Exercise instructions →
Copy the entries exactly. Their pictures do not belong in the copy.

━━━ Given records

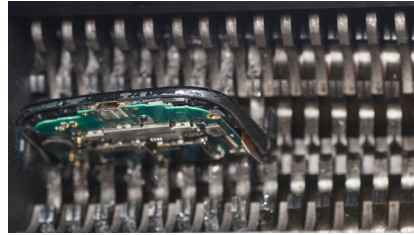

Exclusive Cutting Head Design:
Claw like cutting cylinders pull material into the unit. The unit reverses automatically for thicker materials until the item is destroyed to a 3/16" (4X15mm) waste particle.
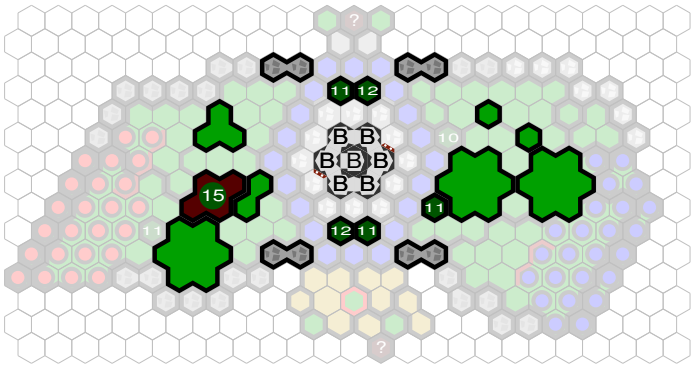

# Alluvial Outpost

Author : Jonathan

Level : 1

Level : 4

Level : 2

Level : 5

Level : 3

Level : 6

Level : 7

Level : 10

Level : 8

Level : 11

Level : 9

Level : 12

Level : 13

Number of player : 2

Size : 24.50x14.00 hex

Uses 1 RotV, 2 RttFF, 1 FotA.

Destroy all of your opponent's figures.
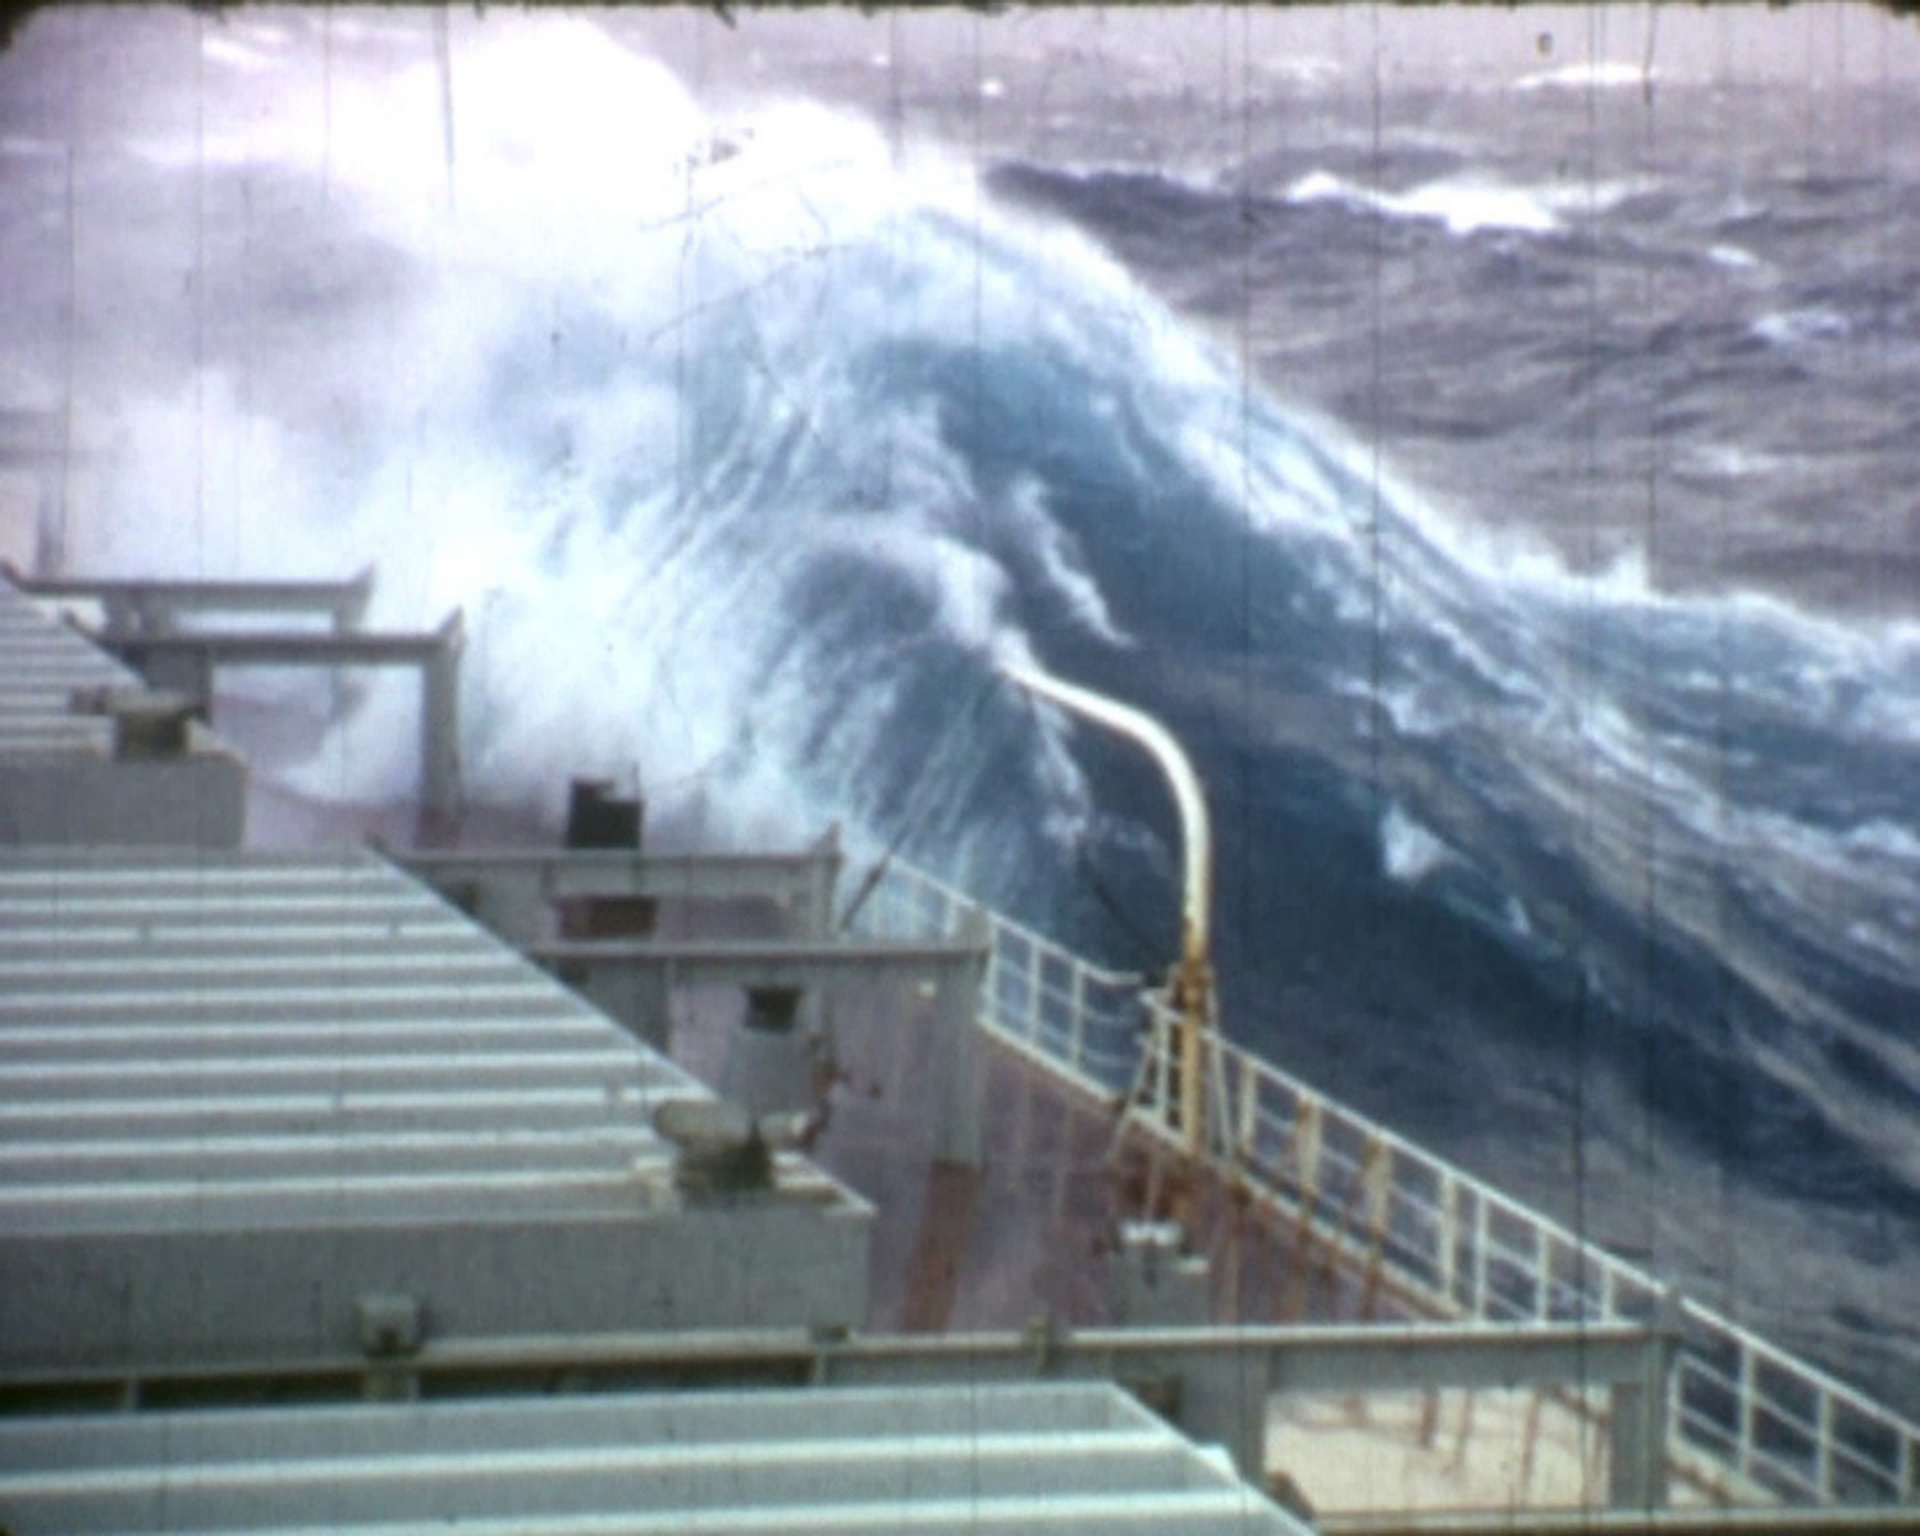

CETRA LYRA 1967

CETRA LYRA

CHANDRE DE P...

CETRA LYRA

CETRA LYRA
DUNKERQUE

CETRA LYRA
DUNKERQUE

PASSAGE DE LA LIGNE

22 MAI 1967

Route sur TUBARAO
(BRÉSIL)

CETRA LYRA
DUNKERQUE

A photograph of a dark blue cargo ship, the CETRA LYRA, viewed through a window. The ship is positioned in a harbor or port area, with other vessels and buildings visible in the background. The ship's name and home port are clearly visible on its side. The image has a slightly grainy, vintage quality.

CETRA LYRA
DUNKERQUE

photogrammes extraits
du film Cetra Lyra 1967
26 min 02 s

fonds François Renault

*LE TRAIT
SOUS LA VAGUE*

Pierre-Yves Racine
Florian Stéphant

letraitsouslavague.fr

version 01 du 15-12-2020

━━━━━━

Exercise solution →
Exclusive Cutting Head Design:
Claw like cutting cylinders pull material into the unit. The unit reverses automatically for thicker materials until the item is destroyed to a 3/16" (4X15mm) waste particle.

# Alluvial Outpost

Author : Jonathan

Level : 1

Level : 4

Level : 2

Level : 5

Level : 3

Level : 6

Level : 7

Level : 10

Level : 8

Level : 11

Level : 9

Level : 12

Level : 13

Number of player : 2

Size : 24.50x14.00 hex

Uses 1 RotV, 2 RttFF, 1 FotA.

Destroy all of your opponent's figures.

CETRA LYRA 1967

CETRA LYRA

CHANDRE DE P...

CETRA LYRA

CETRA LYRA
DUNKERQUE

CETRA LYRA
DUNKERQUE

PASSAGE DE LA LIGNE

22 MAI 1967

Route sur TUBARAO
(BRÉSIL)

CETRA LYRA
DUNKERQUE

A photograph of a dark blue cargo ship, the CETRA LYRA, viewed through a window. The ship is positioned in a harbor or port area, with other vessels and buildings visible in the background. The ship's name and home port are clearly visible on its side. The image has a slightly grainy, vintage quality.

CETRA LYRA
DUNKERQUE

photogrammes extraits
du film Cetra Lyra 1967
26 min 02 s

fonds François Renault

*LE TRAIT
SOUS LA VAGUE*

Pierre-Yves Racine
Florian Stéphant

letraitsouslavague.fr

version 01 du 15-12-2020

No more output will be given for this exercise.